Nina Bott: So denkt sie über ein GZSZ-Comeback​*

Nina Bott (33) konnte sich auch nach ihrem Serienausstieg bei GZSZ nicht über mangelnde Rollenangebote beschweren. Sie spielte in einigen TV-Produktionen mit und durfte sich bei Let's Dance und "Stars auf Eis" versuchen. Doch so ganz ohne eine Serienhauptrolle kam sie dann doch nicht aus. Bis 2010 war sie deshalb auch zwei Jahre lang als Céline Laffort bei Alles was zählt zu sehen und übernimmt nun die Rolle der Julia Mendes in Verbotene Liebe. Für die ARD-Soap steht sie nun auf Mallorca vor der Kamera und pendelt dafür ständig zwischen Deutschland und der Insel hin und her, schließlich darf auch ihre Familie nicht zu kurz kommen.

Für Nina stand trotz der vielen Pendelei schnell fest, dass sie die Rolle unbedingt übernehmen möchte. Sie sprach mit ihrer Familie darüber und sagte zu, denn neue Aufgaben reizen sie mehr, als alte Rollen. Heißt das etwa auch, dass sie eine Rückkehr zu Alles was zählt oder gar zu GZSZ konsequent ausschließt? „Keine Ahnung, da habe ich nie drüber nachgedacht. Als ich damals aufgehört habe, hab ich gedacht, das ist mit Kind alles gar nicht so möglich und hab das wirklich auch sehr bedauert, aber irgendwie geht es. Natürlich ist für mich etwas Neues immer spannender, als etwas was ich schon mal gemacht habe. Es ist einfach für mich als Schauspieler die größere Herausforderung, als wieder zurück als Cora Hinze zu gehen. Das kann ich mir eher nicht so vorstellen, aber man weiß es nie. Theoretisch ist das alles möglich“, erklärte sie, obwohl sie nicht parallel zu Verbotene Liebe in einer andere Soap auftreten möchte. „Ich glaub da verwirrt man dann auch irgendwann die Zuschauer“, meinte sie.

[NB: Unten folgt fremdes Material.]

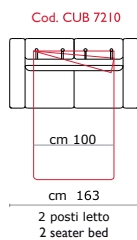

Cod. CUB 1135

cm 108
Poltrona Letto 1 br dx
Armchair bed l arm rg

Cod. CUB 1211

cm 138
2 posti Letto 1 br dx
2 seater bed l arm rg

Cod. CUB 1261

cm 158
2 posti max Letto 1 br dx
2 seater max bed l arm rg

Cod. CUB 1311

cm 178
3 posti Letto 1 br dx
3 seater bed l arm rg

Cod. CUB 1411

cm 198
3 posti max Letto 1 br dx
3 seater max bed l arm rg

cm 210

cm 210

cm 210

mod. CUBO B MAGNUM

**Materasso
Mattress
Matelas
h. 17 cm**

mod. CUBO C MAGNUM

**Materasso
Mattress
Matelas
h. 17 cm**

cm 210

cm 210

cm 210

mod. CUBO F MAGNUM

Materasso
Mattress
Matelas
h. 17 cm

mod. CUBO SLIM MAGNUM

Chaise longue sx
Chaise Lounge left

Chaise longue dx
Chaise Lounge right

cm 3,5
Bracciolo
Arm
Accoudoir

Piede h 8 cm
Feet h 8 cm
Pied h 8 cm

cm 100
Poltrona Letto
Armchair bed

cm 130
2 posti letto
2 seater bed
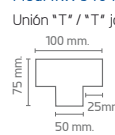

Mod. IRX 9404
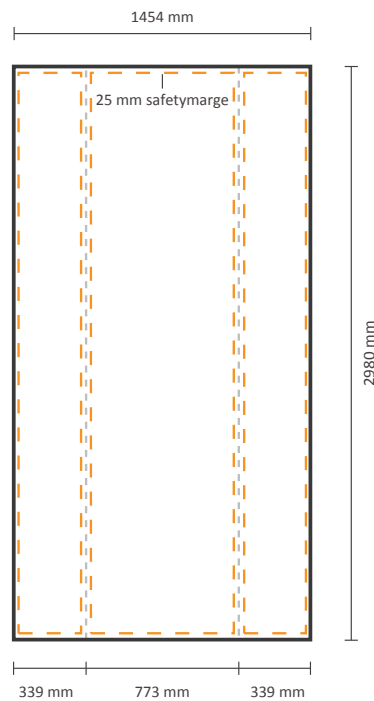

Pop-Up Impress Straight 1x4 (IMPR14S)

Grafische Spezifikationen

Datei für vorne und die Seiten

Der Druck für die Vorderseite kann mit oder ohne Seitenflächendruck bestellt werden.
Siehe unten für die Möglichkeiten:

Tatsächliche Größe der Grafik:

Inklusiv Grafik an der Seite: 1454 * 2980 mm (B/H)

Exklusiv Grafik an der Seite: 772 * 2980 mm (B/H)

Datei für Rückseite

Tatsächliche Größe der Grafik: 772 * 2980 mm (B/H)
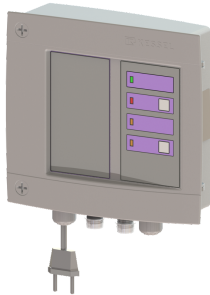

Centralina Ecolift XL tipo 6 per chiusura ridondante

Informazioni sull'articolo

Cod. Art.: 28791

GTIN (EAN): 4026092066430

Gruppo di prezzo: 20

Descrizione

Dispositivo di commutazione pronto per l'utilizzo con avvisatore visivo e acustico per il monitoraggio dei guasti reciproci

Caratteristiche generali

Colore: grigio
ATEX: no

Dimensioni

Peso netto: 1,29 kg
Peso lordo: 2,03 kg
Lunghezza imballaggio: 390 mm
Larghezza imballaggio: 190 mm
Altezza imballaggio: 310 mm

Comando

Tipo di protezione della centralina: IP54
Frequenza di rete: 50 Hz
Tensione di funzionamento: 230 V
Lunghezza del cavo di alimentazione alla centralina: 1,9 m
Contatto a potenziale zero: opzionale
Interfaccia GSM: no
Interfaccia USB: sì
Funzione di diario d'esercizio: no
Display multi-riga: no
Batteria tampone: sì
Sistema di auto-diagnostica (SDS): sì
Potenza max.: 5 kW
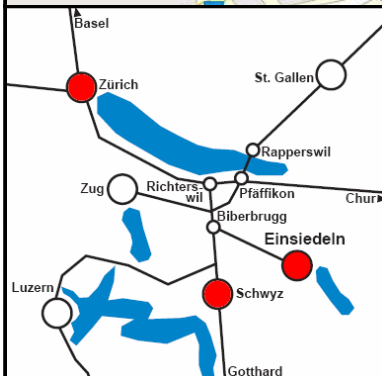

Anfahrt Schützenstrasse 22

Anfahrt mit dem Auto:

Von der Autobahnausfahrt Schwyz auf der A4 (Zürich - Gotthard) sind Sie in etwa 5 Minuten in Schwyz.

- Im Kreisverkehr Erste Ausfahrt (Bahnhofstrasse) bis Schwyz Postplatz
- Im Kreisel Postplatz Zweite Ausfahrt Richtung Pfäffikon SZ nehmen
- Auf dem Hauptplatz rechts abbiegen
- nach 200m Rechts halten in die Schützenstrasse
- Nach 150m haben Sie ihr Ziel erreicht

Anfahrt Öffentlicher Verkehr

Bus: Die Auto AG Schwyz fährt von Schwyz Bahnhof (ab Arth - Goldau mit der S3, S2 oder dem IR) im Halbstundentakt in 6 Minuten zum Busbahnhof Schwyz Post. Von der Bushaltestelle Post sind es ca. 10 Minuten zu Fuss. Richtung Postplatz - Kreisel. Strasse unterhalb Kreisel überqueren und ca. 30m nach rechts. Nächste Strasse links ins Quartier Brühl abbiegen. Nach 300m am Strassenende, den Fussweg bis zur Schützenstrasse benützen. Nach rechts abbiegen und nach ca. 30m haben sie ihr Ziel erreicht.

Anfahrt Schützenstrasse 22

Anfahrt mit dem Auto:

Von der Autobahnausfahrt Schwyz auf der A4 (Zürich - Gotthard) sind Sie in etwa 5 Minuten in Schwyz.

- Im Kreisverkehr Erste Ausfahrt (Bahnhofstrasse) bis Schwyz Postplatz
- Im Kreisverkehr Postplatz Zweite Ausfahrt Richtung Pfäffikon SZ nehmen
- Auf dem Hauptplatz rechts abbiegen
- nach 200m Rechts halten in die Schützenstrasse
- Nach 150m haben Sie ihr Ziel erreicht

Anfahrt Öffentlicher Verkehr

Bus: Die Auto AG Schwyz fährt von Schwyz Bahnhof (ab Arth - Goldau mit der S3, S2 oder dem IR) im Halbstundentakt in 6 Minuten zum Busbahnhof Schwyz Post. Von der Bushaltestelle Post sind es ca. 10 Minuten zu Fuss. Richtung Postplatz - Kreisverkehr. Strasse unterhalb Kreisverkehr überqueren und ca. 30m nach rechts. Nächste Strasse links ins Quartier Brüöl abbiegen. Nach 300m am Strassenende, den Fussweg bis zur Schützenstrasse benutzen. Nach rechts abbiegen und nach ca. 30m haben sie ihr Ziel erreicht.
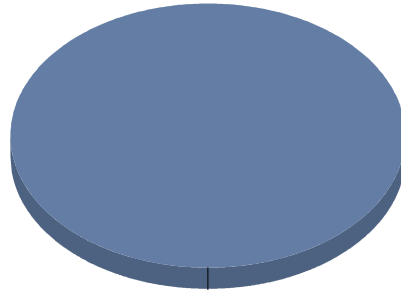

**Colmenar de Oreja**

**Género**

DANZA	1
Total	1

DANZA	100
Total:	100

**Género y Subgénero**

DANZA	
Española	1

■ Española	100,0%
Total:	100,0%

**Colmenar Viejo**

**Género**

DANZA	1
MÚSICA	2
TEATRO	10
Total	13

■ DANZA	7
■ MÚSICA	15
■ TEATRO	76
Total:	100

**Género y Subgénero**

DANZA

**Española**

**1**

■ Española	100,0%
Total:	100,0%

Die GZSZ-Zeit war für Nina in jedem Fall sehr prägend und gefiel ihr extrem gut. Mit einigen ihrer alten Kollegen hat sie sogar noch guten Kontakt, wie sie im Interview berichtete: Susan Sideropoulos (30) sieht sie noch sehr häufig „und Rhea Harder, die wohnt gleich bei mir um die Ecke, unsere Söhne waren hier auch zusammen im Kindergarten und da habe ich noch viel Kontakt. Und Daniel Fehlow, Raphael Vogt. Also wir hängen noch sehr an unserer damaligen gemeinsamen Zeit“, sagte sie und fügte etwas an, was alle GZSZ-Fans ein wenig hoffen lassen wird: „Wenn die alle auch wiederkommen, dann mach ich das!“

Nur leider wird es dazu wohl nie kommen, dann wie Raphael Vogt (35) schon verriet, hatte er sich damals den Serien-Tod gewünscht und möchte nie mehr in die Serie zurückkommen. 

*
Gruss Gollum*


----------